26. Başvuruda tespit edilen hak ihlalinin sonuçlarının ortadan kaldırılması için yeniden yargılama yapılmasında hukuki yarar bulunmaktadır. Bu kapsamda kararın gönderildiği yargı mercilerince yapılması gereken iş, yeniden yargılama işlemlerini başlatmak ve Anayasa Mahkemesini ihlal sonucuna ulaştıran nedenleri gideren, ihlal kararında belirtilen ilkelere uygun yeni bir karar vermektir (Mehmet Doğan [GK], B. No: 2014/8875, 7/6/2018, §§ 54-60; Aligül Alkaya ve diğerleri (2) [1. B.], B. No: 2016/12506, 7/11/2019, §§ 53-60, 66; Kadri Enis Berberoğlu (3) [GK], B. No: 2020/32949, 21/1/2021, §§ 93-100).
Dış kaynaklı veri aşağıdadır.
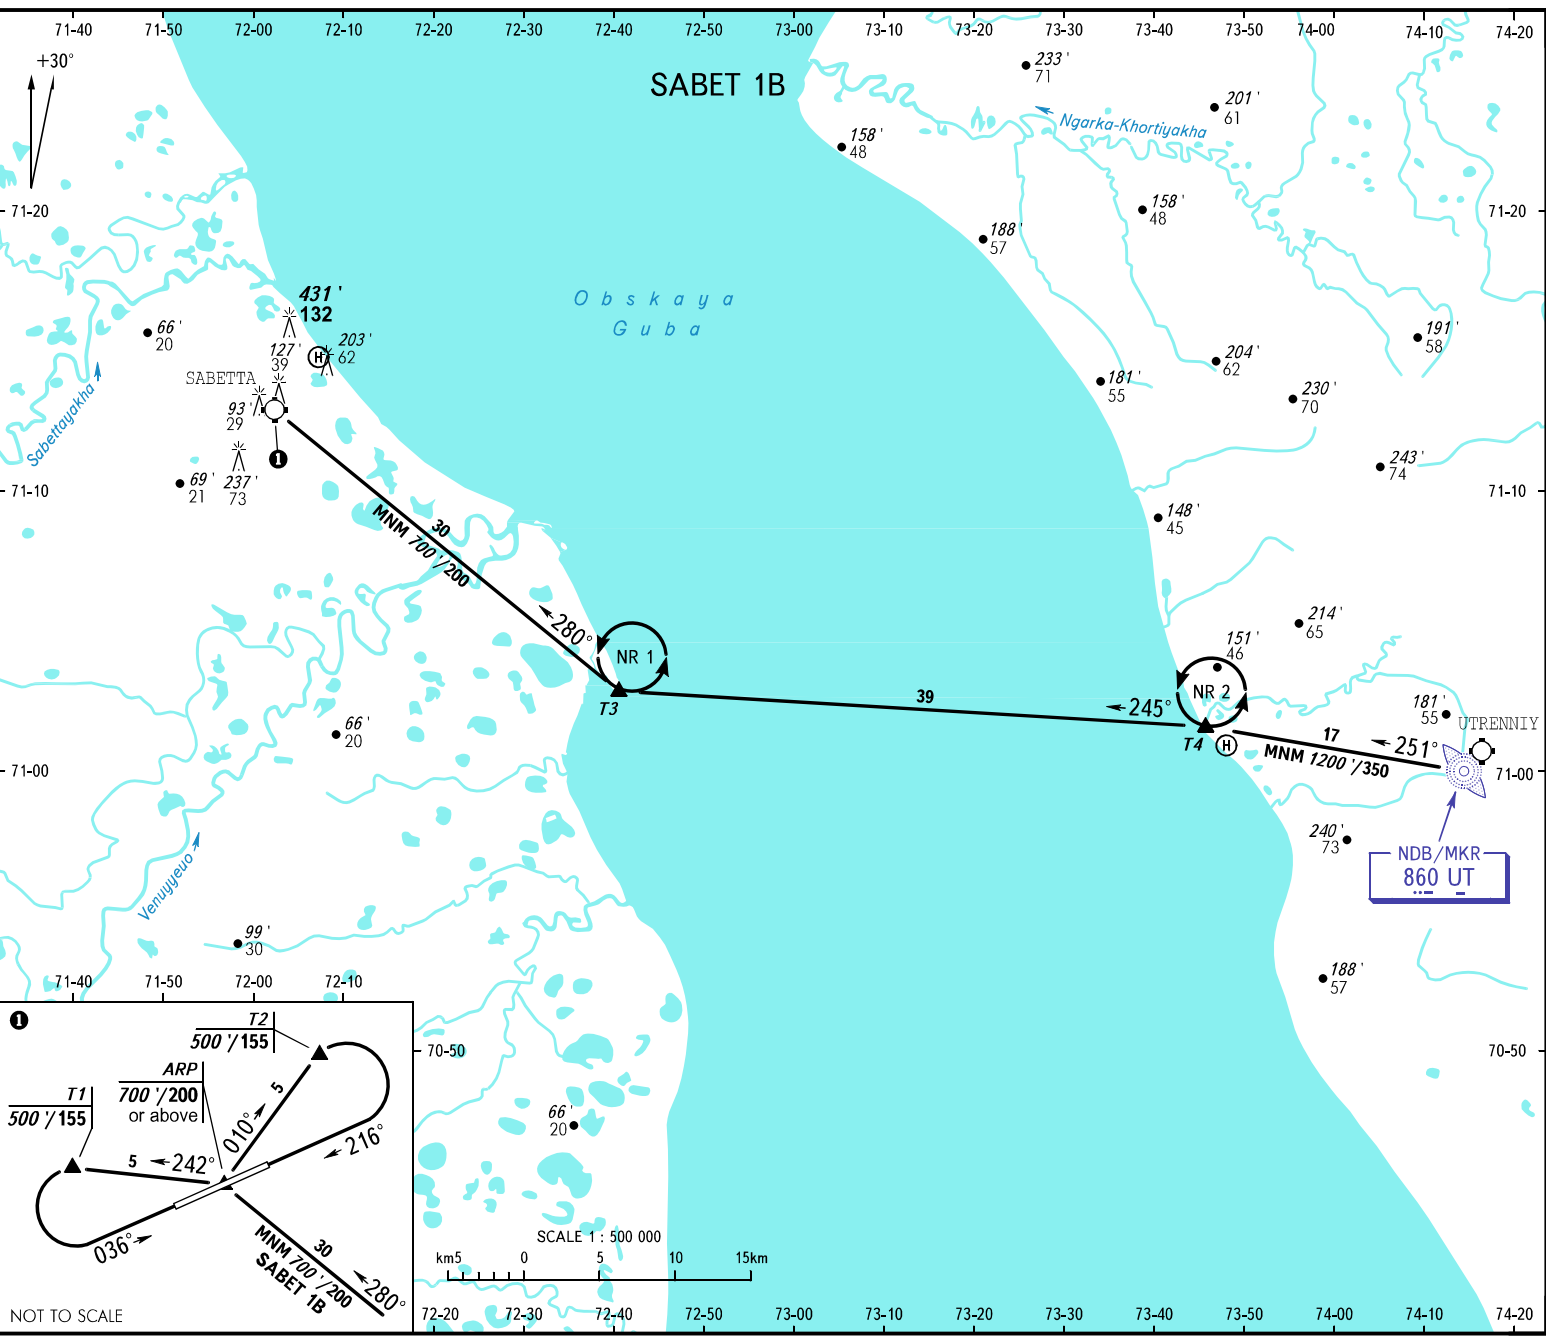

AIP
RUSSIA
VFR
ARRIVAL
CHART

TRANSITION
LEVEL: BY ATC

AD 2.1 USDA-205
07 SEP 23
SABETTIA, RUSSIA
SABETTIA
RWY 04/22

CHANGE: New chart

SABETTA INFORMATION 134.500

BEARINGS AND TRACKS ARE MAGNETIC
ALTITUDES IN FEET AND METRES
ELEVATIONS IN FEET AND METRES
DISTANCES IN KILOMETRES

Alt set: -QN(H)(QFE on req);
-hPa(mm on req).

Federal Air Transport Agency

AIRAC AMDT 09/23

27. Belirli bir davaya ilişkin olarak delilleri değerlendirme ve gösterilen delilin davayla ilgili olup olmadığına karar verme yetkisi kural olarak yargılamayı yürüten derece mahkemelerine aittir (Orhan Kılıç [GK], B. No: 2014/4704, 1/2/2018, § 44). Bu bağlamda somut olayda suçun sübutu konusunda karar vermek, Anayasa Mahkemesinin görevi değildir. Anayasa Mahkemesince verilen ihlal kararı, sanığın beraat ettiği anlamına gelmediği gibi ihlal kararının gereklerinin yerine getirilmesi amacıyla yapılacak yeniden yargılama neticesinde sanık hakkında mutlaka beraat kararı verilmesi gerektiği anlamına da gelmemektedir. İhlalin sonuçlarını gidermek üzere gereken işlemler yerine getirildikten sonra yapılacak değerlendirmede Mahkemenin mevcut belgelerle birlikte delillerin takdir biçimine göre benzer veya farklı bir sonuca varması mümkündür.
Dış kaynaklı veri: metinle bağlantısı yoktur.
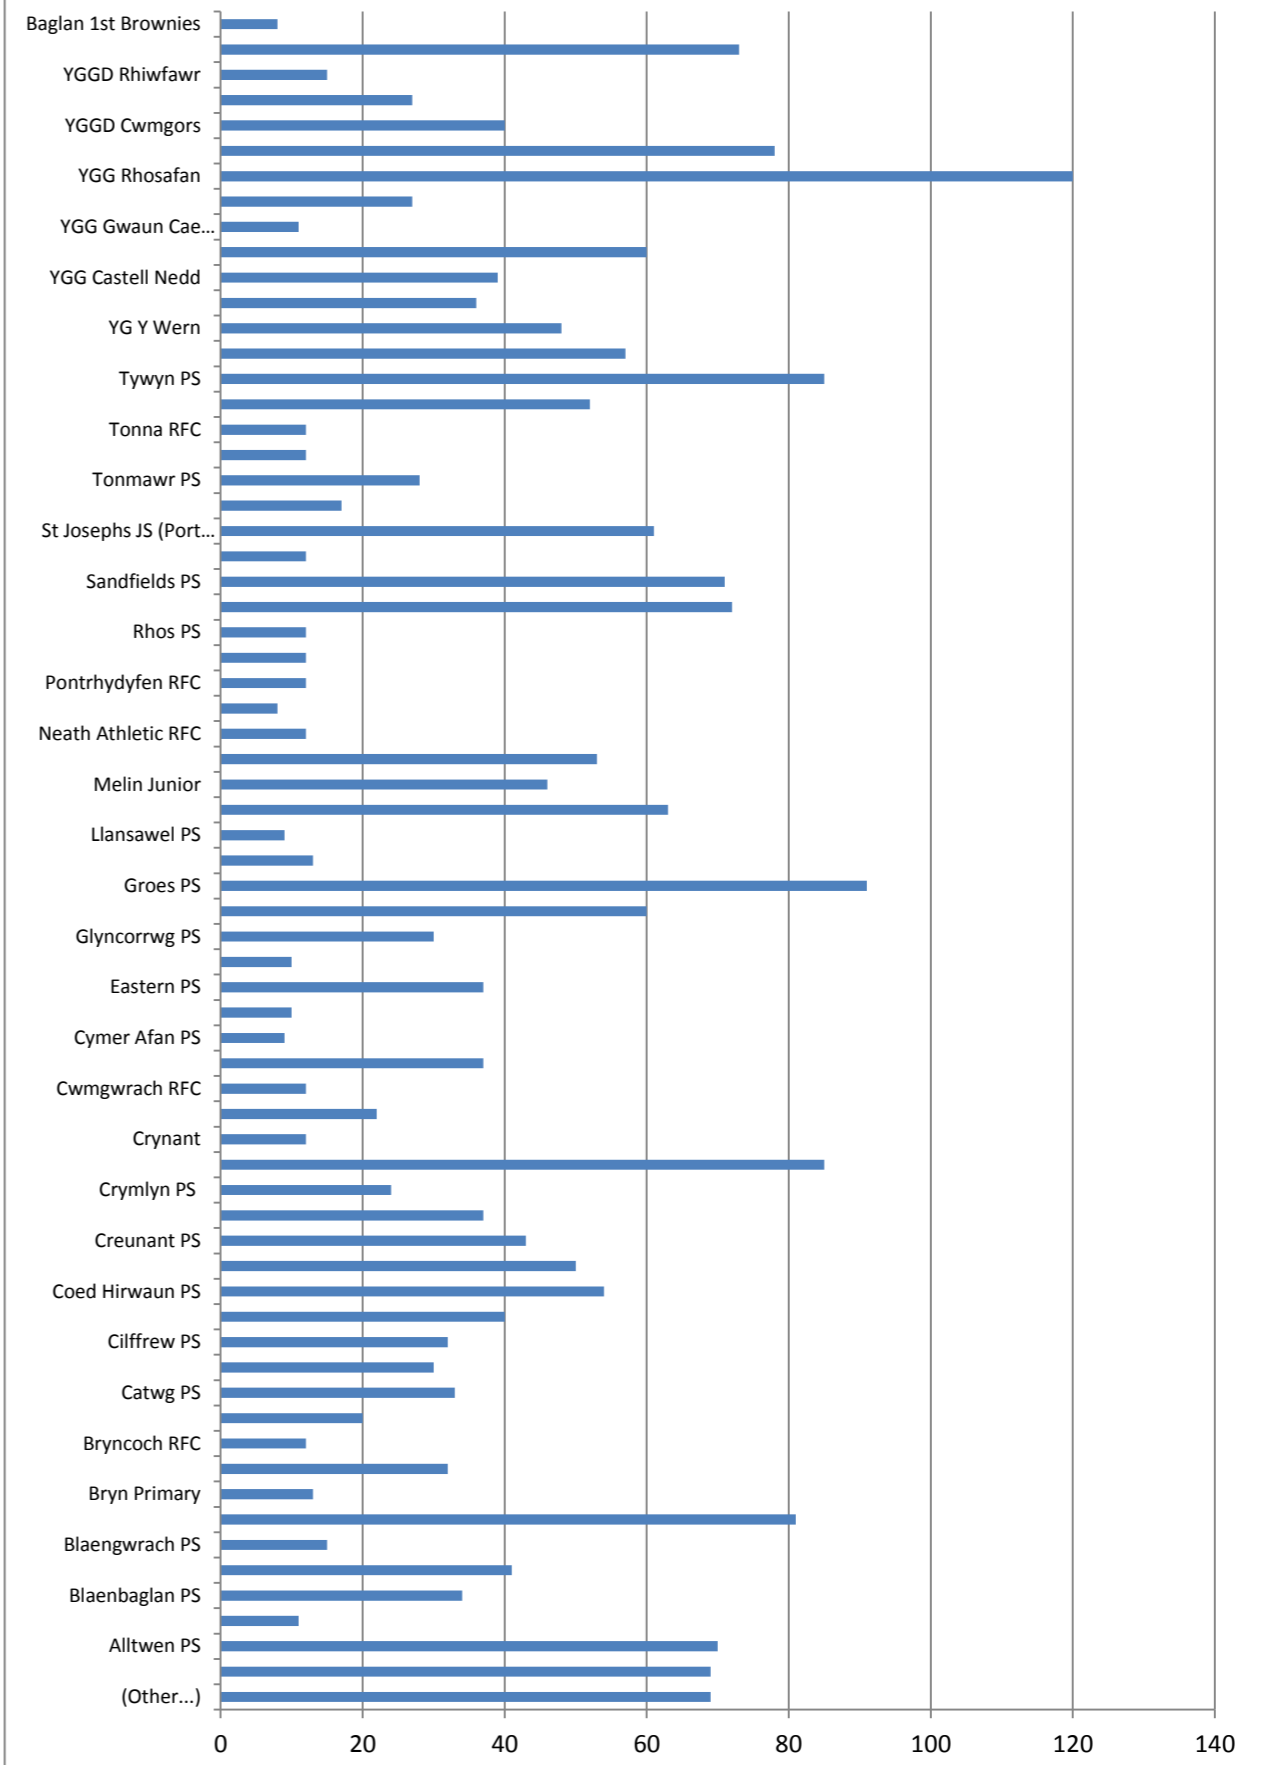

Total Registrations Autumn 2011

No. of Sessions Delivered By Clubs Autumn 2011

Activity Registration by Club Type - Autumn 2011

Activity Sessions - Autumn 2011

No of Volunteers leading in Dragon Sport for the last 3 Terms

28. Öte yandan ihlalin niteliğine göre yeniden yargılamanın yeterli bir giderim sağlayacağı anlaşıldığından manevi tazminat, başvurucu uğradığını iddia ettiği maddi zararla ilgili bilgi/belge sunmadığından da maddi tazminat taleplerinin reddine karar verilmesi gerekir.
IV. HÜKÜM
Açıklanan gerekçelerle;
A. Adli yardım talebinin KABULÜNE,
B. Savunma için gerekli zaman ve kolaylıklara sahip olma hakkının ihlal edildiğine ilişkin iddianın KABUL EDİLEBİLİR OLDUĞUNA,
C. 1. Anayasa’nın 36. maddesinde güvence altına alınan adil yargılanma hakkı kapsamındaki savunma için gerekli zaman ve kolaylıklara sahip olma hakkının İHLAL EDİLDİĞİNE,
2. Diğer ihlal iddiaları yönünden İNCELEME YAPILMASINA GEREK OLMADIĞINA,
D. Kararın bir örneğinin ihlalin sonuçlarının ortadan kaldırılması için yeniden yargılama yapılmak üzere Bozkır Asliye Ceza Mahkemesine (E.2020/322, K.2021/226) GÖNDERİLMESİNE,
E. Başvurucunun tazminat taleplerinin REDDİNE,
F. 30.000 TL vekâlet ücretinden oluşan yargılama giderinin başvurucuya ÖDENMESİNE,
G. Ödemenin kararın tebliğini takiben başvurucunun Hazine ve Maliye Bakanlığına başvuru tarihinden itibaren dört ay içinde yapılmasına, ödemede gecikme olması hâlinde bu sürenin sona erdiği tarihten ödeme tarihine kadar geçen süre için yasal FAİZ UYGULANMASINA,
H. Kararın bir örneğinin Adalet Bakanlığına GÖNDERİLMESİNE 10/12/2024 tarihinde OYBİRLİĞİYLE karar verildi.